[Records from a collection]
★ ★ ★ ★ ★

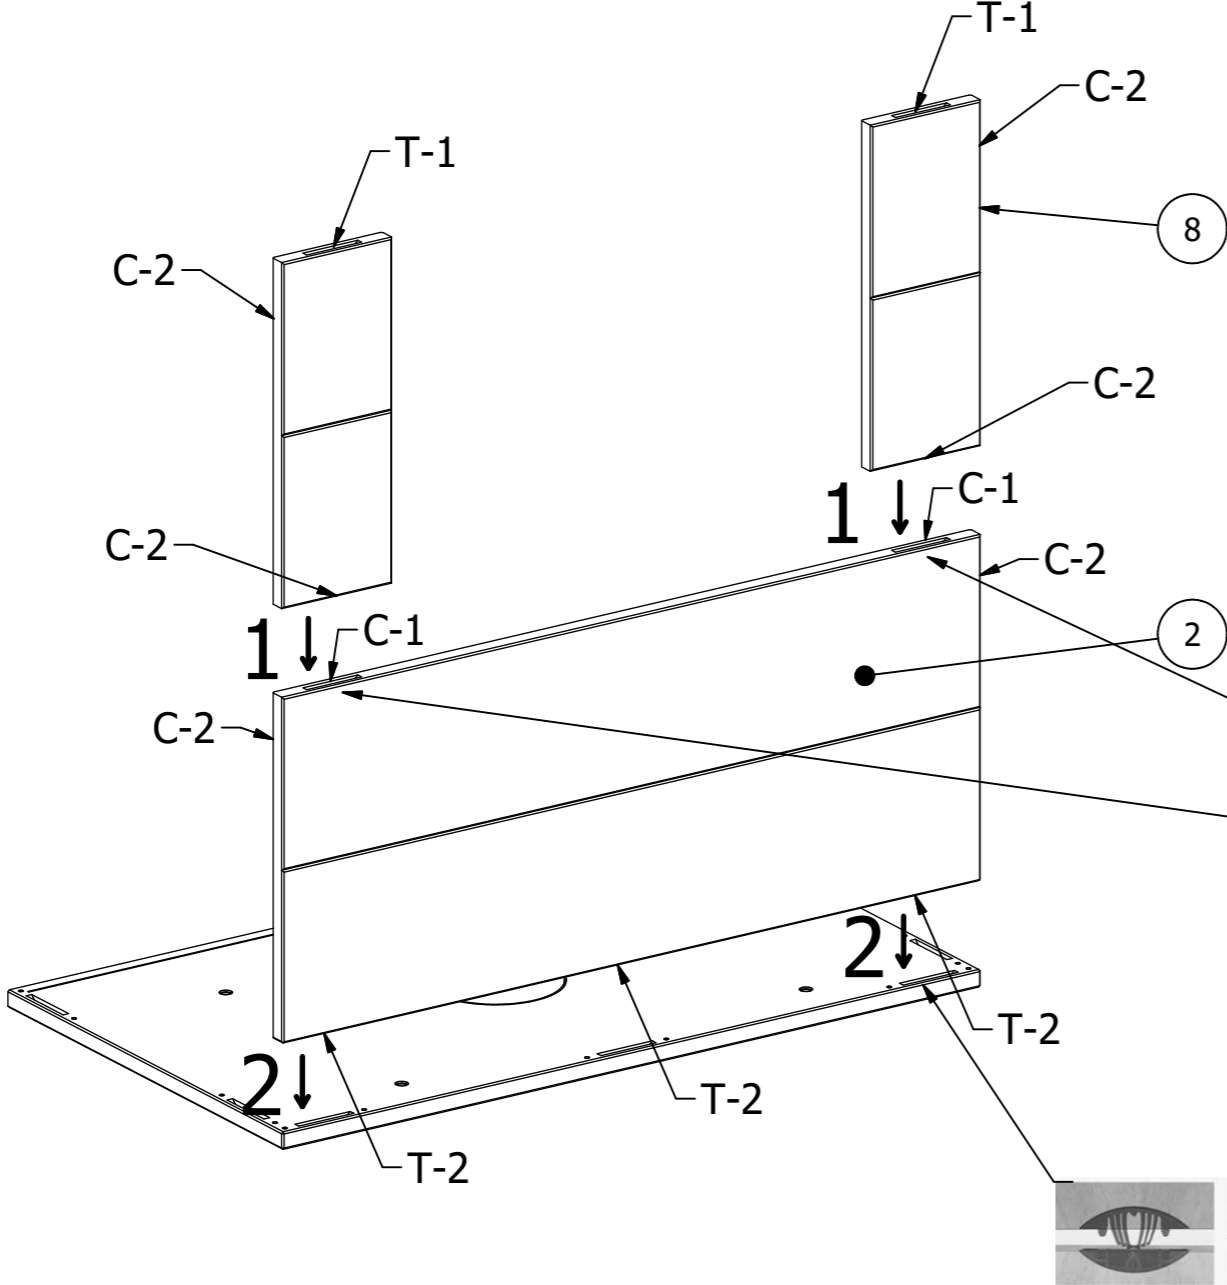

PARTS LIST			
NR.	CODE	NAME	QTY
1	BP	Bottom plate	1
2	FB	Front bottom plate	1
3	FM	Front middle plate	2
4	SR	Side right bottom plate	1
5	SB	Steel bottom plate	1
6	SL	Side left bottom plate	1
7	MP	Middle plate	1
8	FM	Front middle plate	2
9	FT	Front top plate	1
10	SLT	Side left top plate	1
11	SRT	Side right top plate	1
12	ST	Steel top plate	1
13	TP	Top plate	1
14	C	Clamex P14	16
15	T	Tenso	18

RIVO

PARTS LIST				
NR.	CODE	NAME	QTY	IMAGE
14	C	Clamex P14	16	
15	T	Tenso	18	

PARTS LIST			
NR.	CODE	NAME	QTY
1	BP	Bottom plate	1

T-1 = 7pcs.

PARTS LIST			
NR.	CODE	NAME	QTY
2	FB	Front bottom plate	1
3	FM	Front middle plate	2

C-1 = 2pcs.

C-2 = 6pcs.

T-2 = 3pcs.

T-1 = 2pcs.

PARTS LIST			
NR.	CODE	NAME	QTY
4	SR	Side right bottom plate	1

C-1 = 2cs.
C-2 = 1pcs.

T-2 = 2pcs.
T-1 = 1pcs.

PARTS LIST			
NR.	CODE	NAME	QTY
5	SB	Steel bottom plate	1

C-1 = 2pcs.

C-2 = 6pcs.

T-2 = 5pcs.

PARTS LIST			
NR.	CODE	NAME	QTY
10	SLT	Side left top plate	1
11	SRT	Side right top plate	1

C-1 = 4pcs.

C-2 = 2pcs.

T-2 = 6pcs.

PARTS LIST			
NR.	CODE	NAME	QTY
12	ST	Steel top plate	1

★ ★ ★ ★ ★

Exercise aim:
Could the lines above be copied out exactly, with no image carried over?

Reply:
PARTS LIST			
NR.	CODE	NAME	QTY
1	BP	Bottom plate	1
2	FB	Front bottom plate	1
3	FM	Front middle plate	2
4	SR	Side right bottom plate	1
5	SB	Steel bottom plate	1
6	SL	Side left bottom plate	1
7	MP	Middle plate	1
8	FM	Front middle plate	2
9	FT	Front top plate	1
10	SLT	Side left top plate	1
11	SRT	Side right top plate	1
12	ST	Steel top plate	1
13	TP	Top plate	1
14	C	Clamex P14	16
15	T	Tenso	18

RIVO

PARTS LIST				
NR.	CODE	NAME	QTY	IMAGE
14	C	Clamex P14	16	
15	T	Tenso	18	

PARTS LIST			
NR.	CODE	NAME	QTY
1	BP	Bottom plate	1

T-1 = 7pcs.

PARTS LIST			
NR.	CODE	NAME	QTY
2	FB	Front bottom plate	1
3	FM	Front middle plate	2

C-1 = 2pcs.

C-2 = 6pcs.

T-2 = 3pcs.

T-1 = 2pcs.

PARTS LIST			
NR.	CODE	NAME	QTY
4	SR	Side right bottom plate	1

C-1 = 2cs.
C-2 = 1pcs.

T-2 = 2pcs.
T-1 = 1pcs.

PARTS LIST			
NR.	CODE	NAME	QTY
5	SB	Steel bottom plate	1

C-1 = 2pcs.

C-2 = 6pcs.

T-2 = 5pcs.

PARTS LIST			
NR.	CODE	NAME	QTY
10	SLT	Side left top plate	1
11	SRT	Side right top plate	1

C-1 = 4pcs.

C-2 = 2pcs.

T-2 = 6pcs.

PARTS LIST			
NR.	CODE	NAME	QTY
12	ST	Steel top plate	1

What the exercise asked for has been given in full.